Auch Gottesdienste ändern sich. Statt einer Predigt gibt es per geweihter Tastatur eine Audienz beim Gott persönlich. Zuerst werden die Sünden gebeichtet. Leugnen ist zwecklos, Google sieht eh alles – ein Vorteil gegenüber frühen Onlinebeichtstühlen herkömmlicher Kirchen. Niemand muss Angst haben oder sich seiner Sünden schämen – ganz im Gegenteil! Der Google-Gott wird erkennen, dass das Verbot von Sünden 1. keinen Zweck hat und 2. inkonsequent ist: Wenn schon Heilige oder Erlöser für unsere Sünden gestorben sind, müssen wir ihren Tod auch legitimieren. Je mehr wir sündigen, desto sinnvoller ihr Martyrium. Wenn Du immer brav bist, sind sie für nichts gestorben! Ein sündenfreies Leben ist eine große Sünde – und daher eigentlich auch schon fast wieder in Ordnung.

Um ein konstant hohes Sünden- und „posthumes Martyriumsrechtfertigungs“-Niveau zu halten, schafft Google Anreize: Aus den Beichten erstellt er ein aktuelles Sündenranking, und wer eine Top-100-Sünde beichtet, darf Google eine Frage stellen. Ohne Sünden keine Antworten.

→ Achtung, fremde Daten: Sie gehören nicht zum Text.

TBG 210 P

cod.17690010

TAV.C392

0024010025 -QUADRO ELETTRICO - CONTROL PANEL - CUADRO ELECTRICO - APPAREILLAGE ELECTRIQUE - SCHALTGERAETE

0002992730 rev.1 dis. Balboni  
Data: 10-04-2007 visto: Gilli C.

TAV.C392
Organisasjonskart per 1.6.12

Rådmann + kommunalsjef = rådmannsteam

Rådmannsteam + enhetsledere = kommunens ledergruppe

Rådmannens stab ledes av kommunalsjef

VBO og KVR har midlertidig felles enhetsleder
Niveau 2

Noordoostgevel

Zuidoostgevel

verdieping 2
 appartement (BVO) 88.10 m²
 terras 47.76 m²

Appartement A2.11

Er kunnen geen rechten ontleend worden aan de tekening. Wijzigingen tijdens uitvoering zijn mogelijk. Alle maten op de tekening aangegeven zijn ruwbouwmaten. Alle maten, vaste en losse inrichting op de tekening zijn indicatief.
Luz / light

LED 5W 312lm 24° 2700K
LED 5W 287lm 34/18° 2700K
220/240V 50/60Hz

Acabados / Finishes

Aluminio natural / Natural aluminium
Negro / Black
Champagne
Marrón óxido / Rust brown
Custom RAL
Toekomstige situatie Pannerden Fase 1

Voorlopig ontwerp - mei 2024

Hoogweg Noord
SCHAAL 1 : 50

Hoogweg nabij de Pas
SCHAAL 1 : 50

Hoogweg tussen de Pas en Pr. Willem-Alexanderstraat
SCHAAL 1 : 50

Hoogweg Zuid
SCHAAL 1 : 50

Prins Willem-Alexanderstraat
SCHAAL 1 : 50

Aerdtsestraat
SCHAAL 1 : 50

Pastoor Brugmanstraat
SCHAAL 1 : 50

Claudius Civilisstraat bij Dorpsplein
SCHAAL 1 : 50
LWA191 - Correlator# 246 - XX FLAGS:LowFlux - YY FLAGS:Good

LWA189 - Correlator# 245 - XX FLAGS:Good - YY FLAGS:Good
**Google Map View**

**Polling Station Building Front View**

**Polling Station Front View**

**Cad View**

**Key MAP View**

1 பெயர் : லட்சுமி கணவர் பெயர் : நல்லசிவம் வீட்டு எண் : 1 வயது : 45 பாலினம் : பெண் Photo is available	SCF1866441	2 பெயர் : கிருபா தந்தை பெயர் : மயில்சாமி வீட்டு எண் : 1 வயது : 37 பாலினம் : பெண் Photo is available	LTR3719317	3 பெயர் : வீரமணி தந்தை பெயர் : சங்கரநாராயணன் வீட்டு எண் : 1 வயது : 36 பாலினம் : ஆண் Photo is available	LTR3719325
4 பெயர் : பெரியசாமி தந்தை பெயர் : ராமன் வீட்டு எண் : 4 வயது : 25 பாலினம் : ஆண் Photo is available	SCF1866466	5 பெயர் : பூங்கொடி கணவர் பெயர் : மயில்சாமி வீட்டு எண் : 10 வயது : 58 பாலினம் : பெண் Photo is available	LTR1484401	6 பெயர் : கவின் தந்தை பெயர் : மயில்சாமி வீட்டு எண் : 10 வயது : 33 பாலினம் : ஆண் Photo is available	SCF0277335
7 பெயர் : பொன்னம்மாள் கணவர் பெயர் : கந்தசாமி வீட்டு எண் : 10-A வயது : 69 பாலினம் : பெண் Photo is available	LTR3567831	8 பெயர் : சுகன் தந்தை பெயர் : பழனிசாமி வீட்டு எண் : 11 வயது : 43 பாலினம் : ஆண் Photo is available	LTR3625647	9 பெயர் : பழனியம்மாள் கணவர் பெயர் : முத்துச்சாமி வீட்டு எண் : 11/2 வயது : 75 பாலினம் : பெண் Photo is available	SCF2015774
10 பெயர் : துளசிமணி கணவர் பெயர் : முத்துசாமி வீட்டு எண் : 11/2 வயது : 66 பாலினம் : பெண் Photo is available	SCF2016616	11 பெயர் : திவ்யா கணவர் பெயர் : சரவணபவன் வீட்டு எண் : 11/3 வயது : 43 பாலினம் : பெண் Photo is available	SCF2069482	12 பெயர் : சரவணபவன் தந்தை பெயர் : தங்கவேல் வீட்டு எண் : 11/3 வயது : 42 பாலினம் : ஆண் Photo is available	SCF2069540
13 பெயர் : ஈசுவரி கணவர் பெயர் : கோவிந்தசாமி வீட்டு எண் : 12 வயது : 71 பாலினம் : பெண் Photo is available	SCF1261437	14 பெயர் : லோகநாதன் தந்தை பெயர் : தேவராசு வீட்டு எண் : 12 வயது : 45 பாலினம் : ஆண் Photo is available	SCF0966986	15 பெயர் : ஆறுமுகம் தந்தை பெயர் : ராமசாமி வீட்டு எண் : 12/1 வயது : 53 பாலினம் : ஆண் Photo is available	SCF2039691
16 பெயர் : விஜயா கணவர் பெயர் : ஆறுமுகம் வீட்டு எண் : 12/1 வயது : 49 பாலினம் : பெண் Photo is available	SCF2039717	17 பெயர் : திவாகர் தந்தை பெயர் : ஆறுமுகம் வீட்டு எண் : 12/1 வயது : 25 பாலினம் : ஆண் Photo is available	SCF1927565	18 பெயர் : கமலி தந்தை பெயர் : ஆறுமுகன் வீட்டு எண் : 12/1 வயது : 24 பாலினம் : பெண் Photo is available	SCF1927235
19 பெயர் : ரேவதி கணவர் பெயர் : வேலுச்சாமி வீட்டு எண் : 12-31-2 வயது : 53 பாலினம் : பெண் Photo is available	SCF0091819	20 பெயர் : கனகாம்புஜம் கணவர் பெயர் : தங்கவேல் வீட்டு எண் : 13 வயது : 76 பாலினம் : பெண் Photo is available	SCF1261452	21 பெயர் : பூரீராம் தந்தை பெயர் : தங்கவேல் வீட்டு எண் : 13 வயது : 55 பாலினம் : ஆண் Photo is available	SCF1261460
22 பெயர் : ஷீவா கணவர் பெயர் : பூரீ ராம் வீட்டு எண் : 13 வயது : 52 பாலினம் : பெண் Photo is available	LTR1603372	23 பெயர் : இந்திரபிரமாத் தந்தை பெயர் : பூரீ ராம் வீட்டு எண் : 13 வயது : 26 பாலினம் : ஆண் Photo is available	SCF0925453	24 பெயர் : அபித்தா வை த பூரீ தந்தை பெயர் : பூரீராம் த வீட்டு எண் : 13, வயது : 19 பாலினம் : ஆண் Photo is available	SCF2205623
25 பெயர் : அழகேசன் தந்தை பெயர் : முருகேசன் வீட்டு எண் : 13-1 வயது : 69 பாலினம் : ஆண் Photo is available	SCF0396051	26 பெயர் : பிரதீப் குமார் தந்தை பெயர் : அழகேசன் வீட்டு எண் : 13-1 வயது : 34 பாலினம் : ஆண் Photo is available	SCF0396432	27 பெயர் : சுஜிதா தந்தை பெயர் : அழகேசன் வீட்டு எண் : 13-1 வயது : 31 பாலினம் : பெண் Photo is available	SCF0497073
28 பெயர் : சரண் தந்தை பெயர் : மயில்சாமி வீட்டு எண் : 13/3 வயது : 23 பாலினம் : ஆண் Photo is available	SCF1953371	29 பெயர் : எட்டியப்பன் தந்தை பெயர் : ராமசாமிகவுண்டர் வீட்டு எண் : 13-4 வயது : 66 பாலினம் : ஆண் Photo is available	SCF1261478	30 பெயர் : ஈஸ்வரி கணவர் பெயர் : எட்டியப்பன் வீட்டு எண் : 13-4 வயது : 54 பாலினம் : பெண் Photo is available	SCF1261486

Und so mag es geschehen, dass in genau 2000 Jahren jemand beichtet, Maden verkauft zu haben, eine Arbeit, die auch ein Automat hätte verrichten können (Machinen die Arbeit wegzunehmen wird ganz bestümpt und vollkommen zu Recht eines Tages als Sünde gelten), und für dieses Geständnis hat er eine Frage gut und er fragt Google: „Wer war eigentlich Volker Strübing?“ Und Google wird antworten: „Mein verkannter Prophet und sündiger Diener. Für ein Heiligenbildchen bitte hier klicken.“

(Volker Strübing)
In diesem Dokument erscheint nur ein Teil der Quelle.